Personal information
- Born: July 10, 1992 (age 33) Oxbow, North Dakota
- Height: 5 ft 9 in (1.75 m)
- Sporting nationality: United States
- Residence: Fargo, North Dakota
- Spouse: Grant Olson
- Children: 1

Career
- College: North Dakota State University
- Turned professional: 2013
- Former tour: LPGA Tour (joined 2013)

Number of wins by tour
- LPGA Tour: 0

Best results in LPGA major championships
- Chevron Championship: T9: 2018
- Women's PGA C'ship: T18: 2018
- U.S. Women's Open: T2: 2020
- Women's British Open: T28: 2018
- Evian Championship: T2: 2018

= Amy Olson =

American professional golfer (born 1992)

Amy Olson née Anderson (born July 10, 1992) is an American professional golfer. She played on the LPGA Tour from 2013 to 2023. She turned professional in 2013 after her collegiate career at North Dakota State University where she won an NCAA record 20 collegiate events.

==Early life==
Anderson was born in 1992 in Oxbow, North Dakota to Mark and Twyla Anderson. She started playing golf at age two and won numerous local, state, and regional competitions. her most notable win coming in 2009 at the U.S. Girl's Junior at Trump National Golf Club Bedminster. In 2011, she was the first woman to compete in the KX Bank of the West Amateur Tournament.

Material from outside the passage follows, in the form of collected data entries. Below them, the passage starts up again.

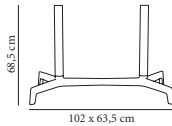

Artículo / Descripción

Precio (€)

Tubo aluminio mate	1	02092.1X	02094.1X	02096.1X
		109,10	109,10	109,10
Tubo aluminio pintado blanco	1			02097.1X
		—	—	109,10
Tubo aluminio pintado negro	1		02098.1X	
		—	109,10	—

Pie Sputnik doble

Pie central doble para uso interior y exterior. El pie se compone de dos partes, una carcasa inyectada en poliamida y un contrapeso de hierro pintado. Tubos de aluminio anodizado de $\varnothing 60 \times 2$ mm. de grosor en acabado brillante, mate o pintado blanco o negro. Protección contra rayos UV.

	Std. (uds.)		Negro	Blanco
Tubo aluminio brillante	1		01943.1X	02076.1X
			227,40	227,40
Tubo aluminio mate	1		02080.1X	02082.1X
			227,40	227,40
Tubo aluminio pintado blanco	1			02083.1X
			—	227,40
Tubo aluminio pintado negro	1		02084.1X	
			227,40	—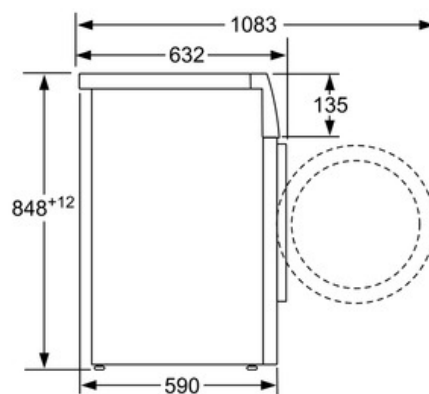

Tehnički podaci

Ugrađen / Samostalna :	Samostojeći
Visina sa radnom pločom (mm) :	850
Dimenzije aparata (mm) :	845 x 600 x 590
Neto težina (kg) :	72,0
Priključna vrednost (W) :	2300
Zaštita (A) :	10
Voltaža (V) :	220-240
Frekvencija (Hz) :	50
Certifikati :	CE, UA, VDE
Dužina priključnog kabla (cm) :	175
Efikasnost pranja :	A
Otvaranje u :	levo
Točkići :	Ne
EAN kod :	4242002820224
Capacity cotton (kg) - NEW (2010/30/EC) :	9,0
Energy efficiency class (2010/30/EC) :	A+++
Godišnja potrošnja energije (kWh/godišnje) - NOVO (2010/30/EC) :	152
Power consumption in off-mode (W) - NEW (2010/30/EC) :	0,12
en: Power consumption in left-on mode - NEW (2010/30/EC) :	0,43
Godišnja potrošnja (l/godišnje) - NOVO (2010/30/EC) :	11220
Efikasnost isušivanja :	B
Maksimalna brzina okretanja (rpm) - NOVO (2010/30/EC) :	1379
Prosečno vreme pranja pamuk 40C (delimično punjenje) - NOVO (2010/30/EC) :	270
Prosečno vreme pranja pamuk 60C (potpuno punjenje) - NOVO (2010/30/EC) :	275
Prosečno vreme pranja pamuk 60C (delimično punjenje) - NOVO (2010/30/EC) :	270
en: Duration of the left-on mode - NEW (2010/30/EC) :	15
Buka pranje dB :	48
Buka isušivanje dB :	72
Način montaže :	Samostojeć

Tehničke informacije

- Dimenzije (V x Š x D): 84.5 x 60 x 59 cm
- Mogućnost podugradnje

Serie | 8 Mašina za pranje veša**WAW28560EU****Mašina za pranje veša**

Mere u milimetrima

Mere u milimetrima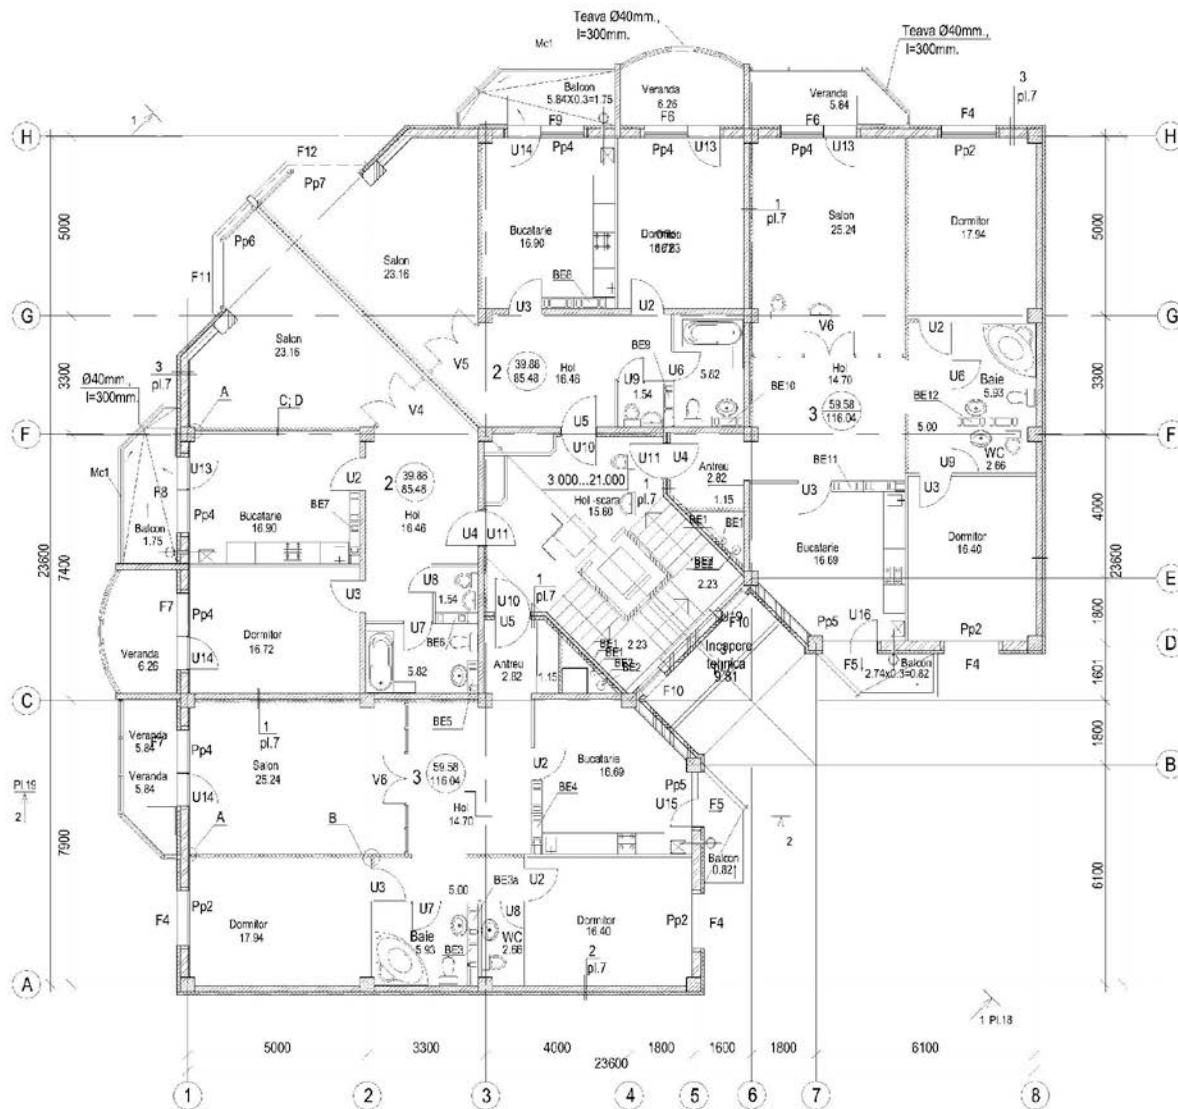

“Blocuri locative cu obiective de menire social –culturala si comerciala la parter din str.Bogdan Voievod ,mun.Chisinau ” Etajul Tip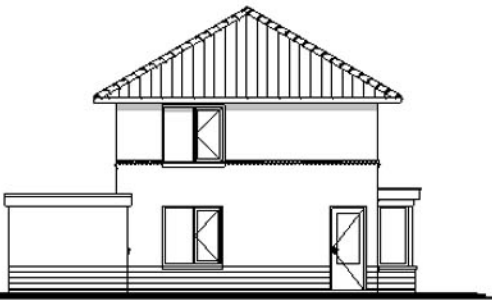

Vrijstaande woning

Hofstra Hulshof Bouw b.v.
Noorderdiep 126 a
9521 BG Nieuw Buinen
tel. 0599 - 212977
www.hofstrahulshof.nl

woning type Snip

Beganegrond

Woonoppervlak van ca. 158 m²
Op de beganegrond de woonkamer met open keuken, bijkeuken, slaapkamer met badkamer en aangebouwde garage.
Op de verdieping zijn 3 slaapkamers en een toilet gesitueert.

Beganegrond
woonoppervlak ca. 91 m²
Verdieping
woonoppervlak ca. 68 m²

Verdieping

woning type Snip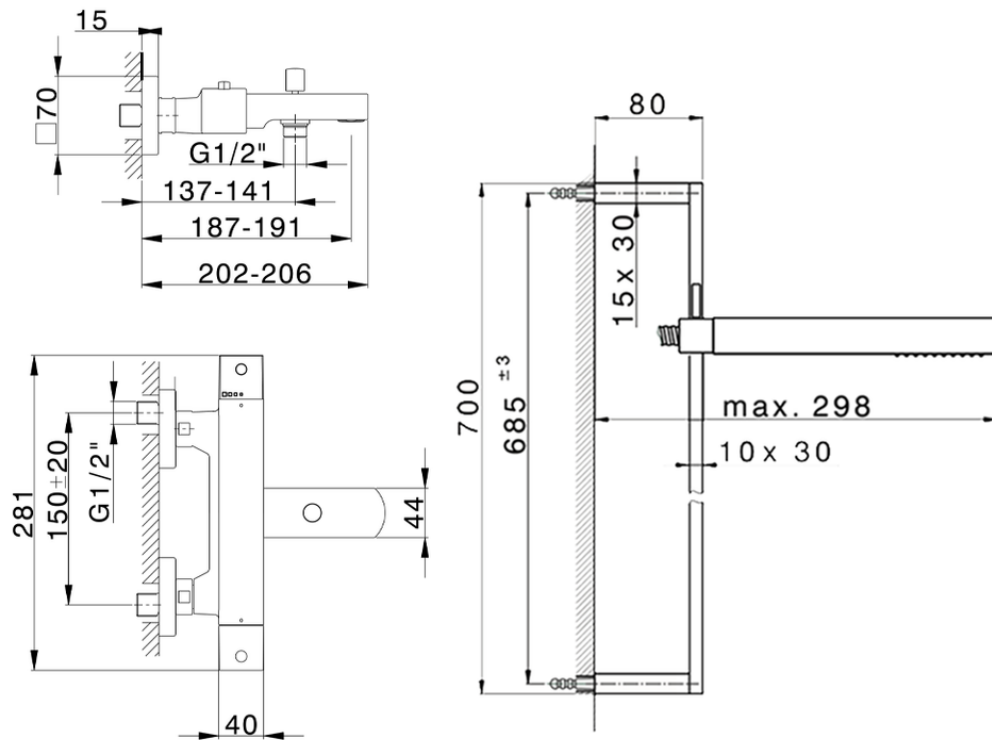

Bañera termostática con barra-corrediza NUOVA EGO_NES27010

NES27010

<https://es.huberitalia.com/banera-termostatica-con-barra-corrediza-nuova-ego-nes27010>

2025-04-14

She has one sibling, Nathan Anderson, who competed on North Dakota State University's men's golf team. She was home schooled through high school.

==Amateur career==
Anderson competed at North Dakota State University (NDSU) where she led the women's golf program in scoring each of her four years. She qualified for the 2011 U.S. Women's Open while in college and held the first-round lead at The Broadmoor. She won 20 collegiate events, which beat Juli Inkster's NCAA record of 17 events.

In addition to her performance on the golf course, Anderson held a 3.97 GPA in accounting and won the Elite 89 Award as a sophomore, being the student-athlete with the highest GPA (4.0) at the national championship.

==Professional career==
After completing her senior season at NDSU, Anderson turned professional and won Stage II of LPGA Qualifying school. She gained her LPGA Tour card in June 2013 to be part of the rookie class in 2014. Her best finish of the year came at the LPGA Lotte Championship in Hawaii, where she finished tied for 7th.

In 2018, Olson made the final pairing at the ANA Inspiration, and picked up her first top-10 in a major there as she tied for 9th. At The Evian Championship, Olson came close to making her first LPGA victory a major championship, but after at least sharing the lead for most of the final day, she lost to Angela Stanford on the 18th hole with a double bogey. By the end of 2018, she posted a career-best four top-10 finishes in 24 starts, and passed the $1 million mark in career earnings with her T10 finish at the CME Group Tour Championship.

Olson started her 2019 season sharing a five-way tie for tenth in the ISPS Handa Women's Australian Open, and a tie for fifth in the HSBC Women's World Championship.

Olson announced her professional golf retirement on her X account on April 24, 2024.

==Personal life==
As of 2017 she competes under her married name, Amy Olson. Olson is married to Grant Olson, the NDSU defensive coordinator.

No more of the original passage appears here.